Everything from the line with "- heat exchanger" to the end of the entries should be set down exactly, except the pictures.
=== Section Start ===
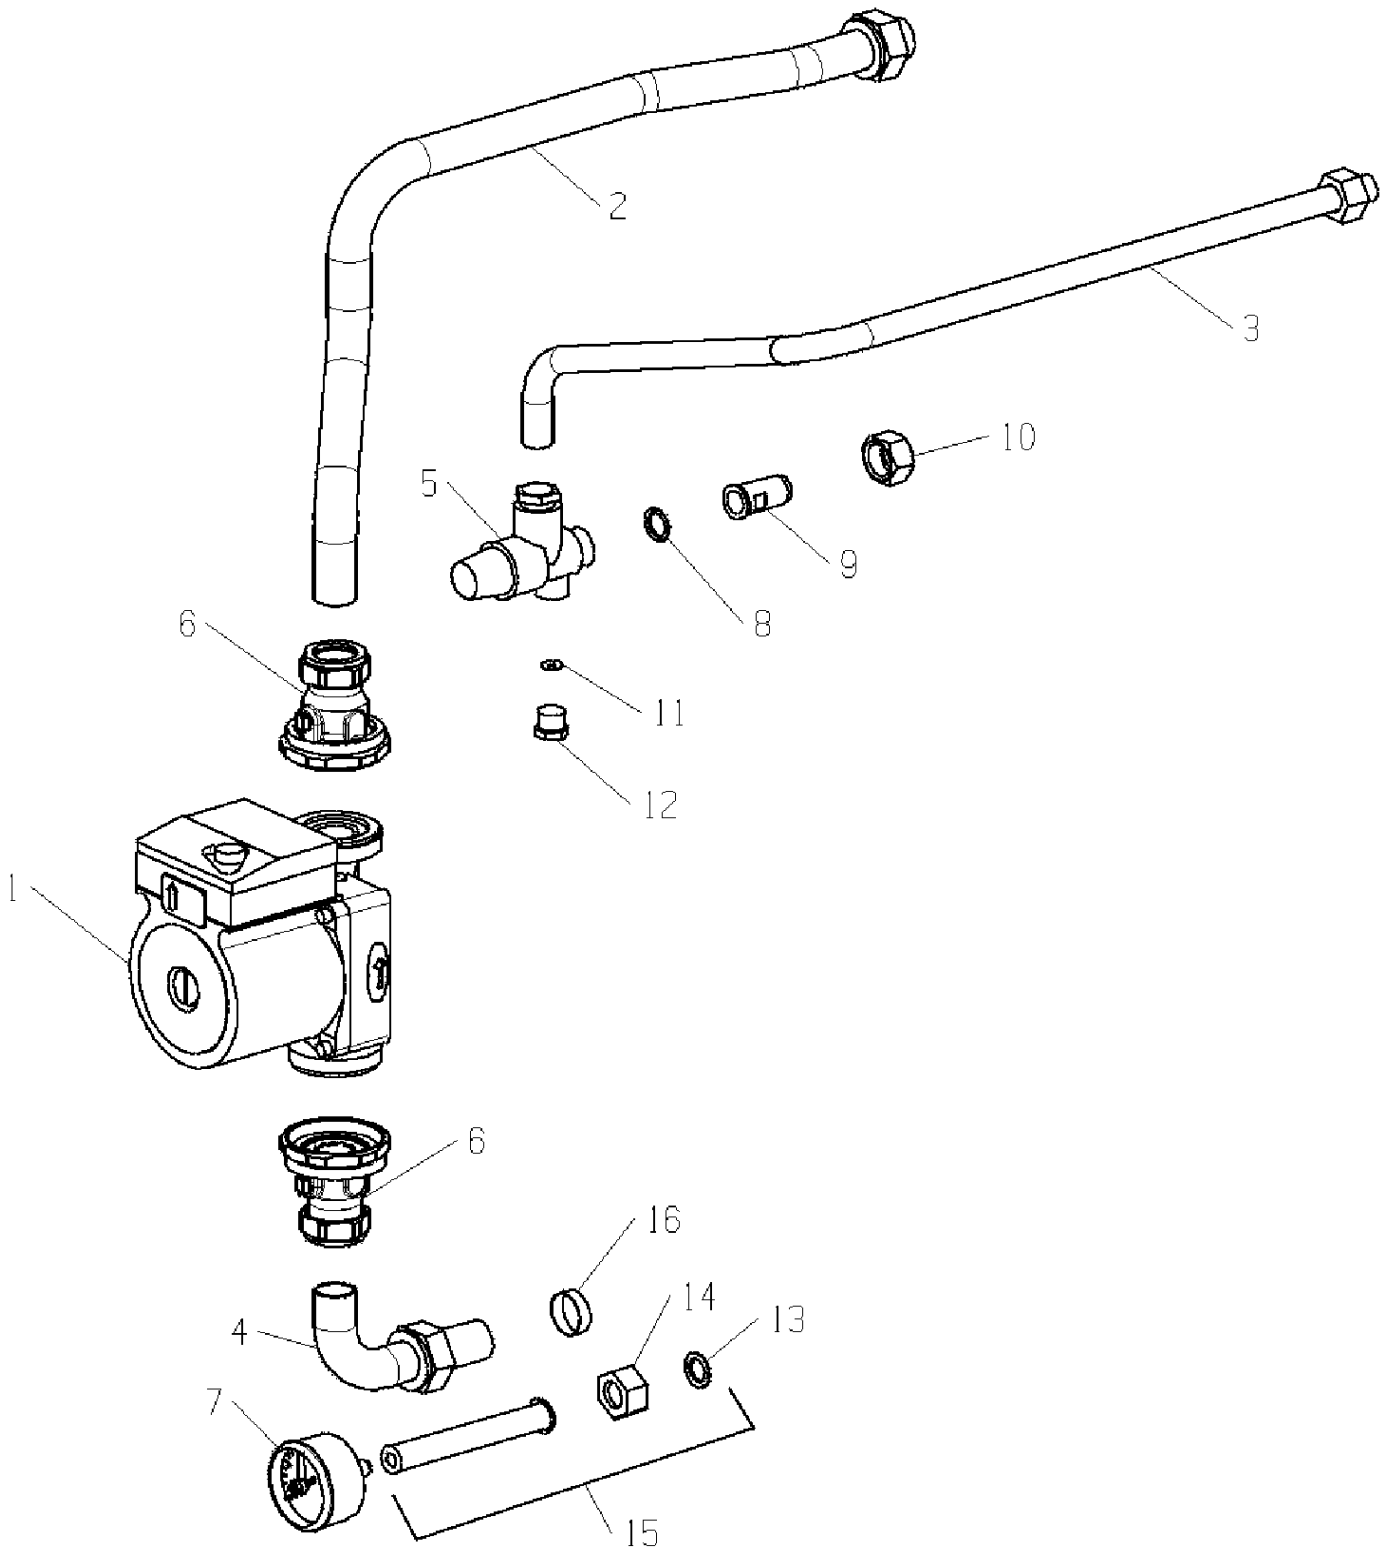

Spare parts list

6720900248.AA

Pump/Hydraulic valve
D

15/19-RSO

5

Pos	description	S-Nr	ordering no.	PG	gas type	15/19-RSO												remarks
1	Standard 15/60 Pump Head		8 716 113 594 0			■												
1	Pump UPS 15-60 12 OCL(50526639)		8 716 143 105 0	50		■												
2	Pipe - central heating flow		8 716 100 292 0			■												
3	Pipe - pressure relief		8 716 100 568 0			■												
4	Pipe - heat exchanger to pump		8 716 100 171 0			■												
5	Valve pr.rel.1/2 x15mmx1/8		8 716 142 416 0	37		■												
6	Valve 22mm x 1-1/2		8 716 142 417 0			■												
7	Gauge pres.50mmx1/8back 4bar		8 716 142 358 0			■												
8	Washer 15mm (thick)		8 716 140 917 0			■												
9	G 3/8 tail		8 716 140 233 0			■												
10	Nut g1/2		8 716 140 236 0			■												
11	Washer		8 716 140 912 0	02		■												
12	Brass blanking plug		8 716 140 261 0			■												
13	Washer 18.6 X 13.5 X 1.5 (10x)		8 710 103 045 0	11		■												
13	Washer 18.6 x 13.5 x 1.5 (1x)		8 716 115 680 0			■												
14	Nut cap 15mm		8 716 140 284 0			■												
15	Pressure gauge fitting		8 716 140 214 0			■												
16	Ring-compression 22mm		8 716 140 296 0			■												
15/19-RSO			Pump/Hydraulic valve D													5		
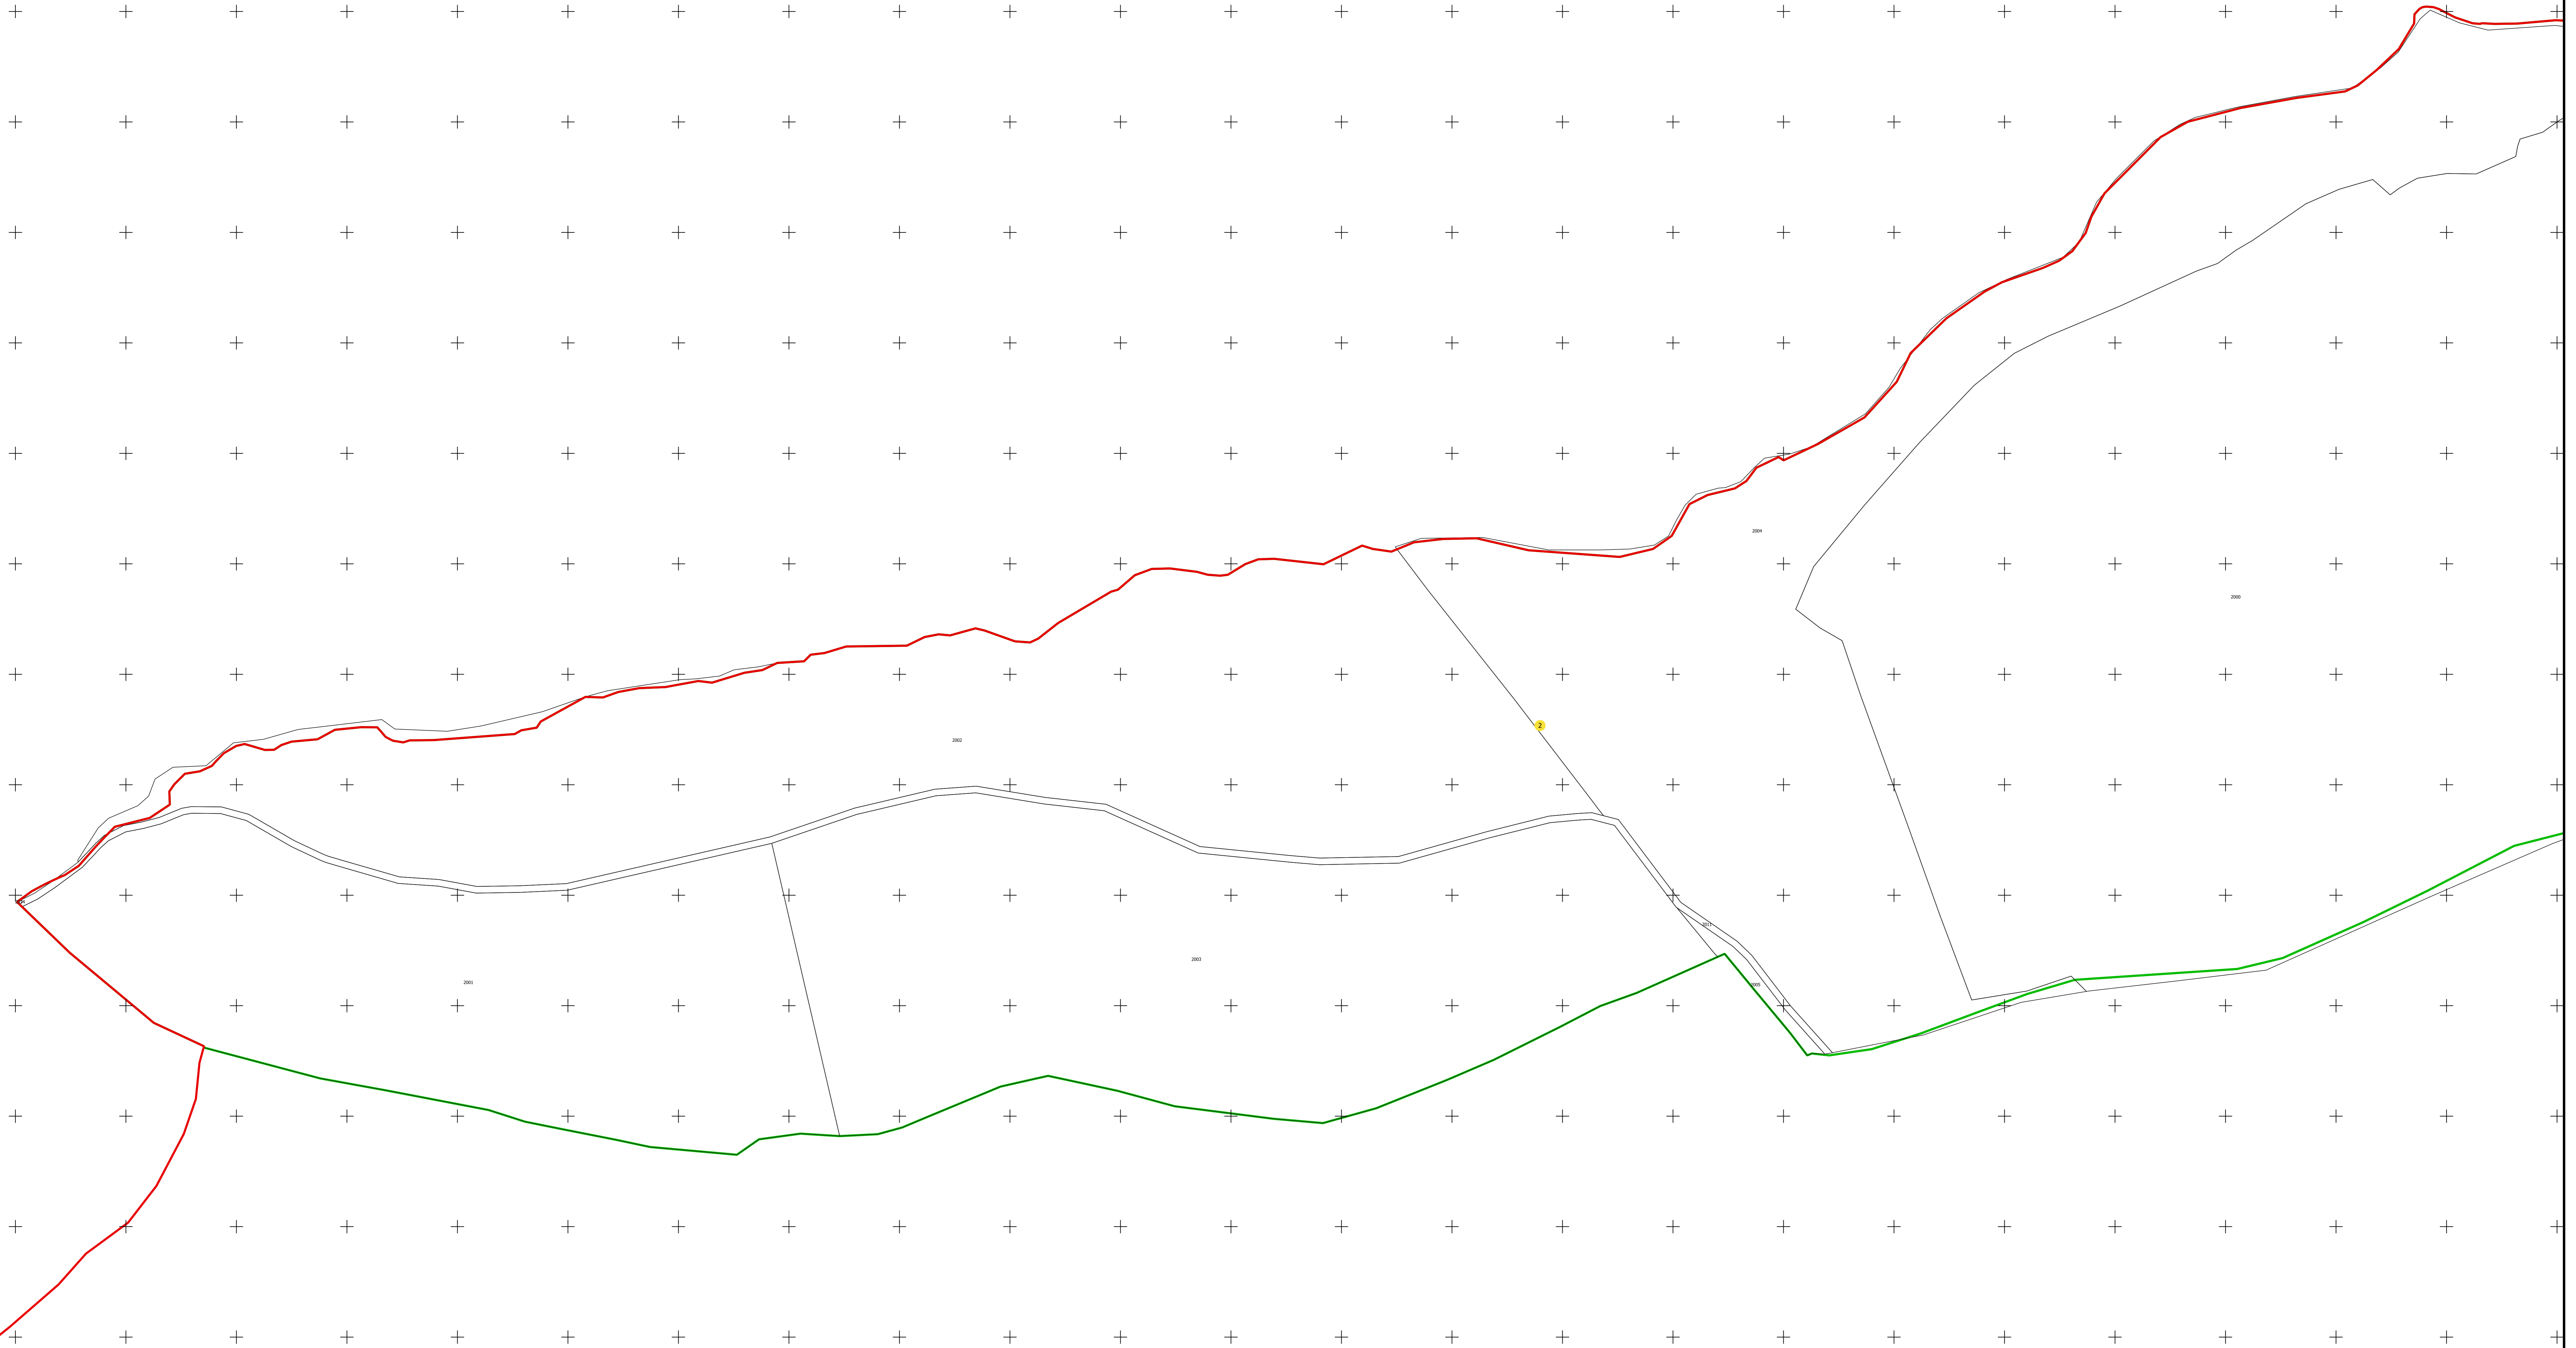

PLAN CADASTRAL
UAT: GÂRDANI, județul: MARAMUREȘ, sector 2, planșa 2

Scara 1:2000
Sistem de proiecție: STEREO 70
Copie spre publicare

N

1 2

LEGENDĂ

- Limită Intravilan
- Limită UAT
- Clădiri
- Imobile
- Sector

S.C. Total Business Land S.R.L.
Data: Semnat electronic
54.04.2023
=== Section End ===
** Response for this exercise **
4	Pipe - heat exchanger to pump		8 716 100 171 0			■												
5	Valve pr.rel.1/2 x15mmx1/8		8 716 142 416 0	37		■												
6	Valve 22mm x 1-1/2		8 716 142 417 0			■												
7	Gauge pres.50mmx1/8back 4bar		8 716 142 358 0			■												
8	Washer 15mm (thick)		8 716 140 917 0			■												
9	G 3/8 tail		8 716 140 233 0			■												
10	Nut g1/2		8 716 140 236 0			■												
11	Washer		8 716 140 912 0	02		■												
12	Brass blanking plug		8 716 140 261 0			■												
13	Washer 18.6 X 13.5 X 1.5 (10x)		8 710 103 045 0	11		■												
13	Washer 18.6 x 13.5 x 1.5 (1x)		8 716 115 680 0			■												
14	Nut cap 15mm		8 716 140 284 0			■												
15	Pressure gauge fitting		8 716 140 214 0			■												
16	Ring-compression 22mm		8 716 140 296 0			■												
15/19-RSO			Pump/Hydraulic valve D													5		

PLAN CADASTRAL
UAT: GÂRDANI, județul: MARAMUREȘ, sector 2, planșa 2

Scara 1:2000
Sistem de proiecție: STEREO 70
Copie spre publicare

N

1 2

LEGENDĂ

- Limită Intravilan
- Limită UAT
- Clădiri
- Imobile
- Sector

S.C. Total Business Land S.R.L.
Data: Semnat electronic
54.04.2023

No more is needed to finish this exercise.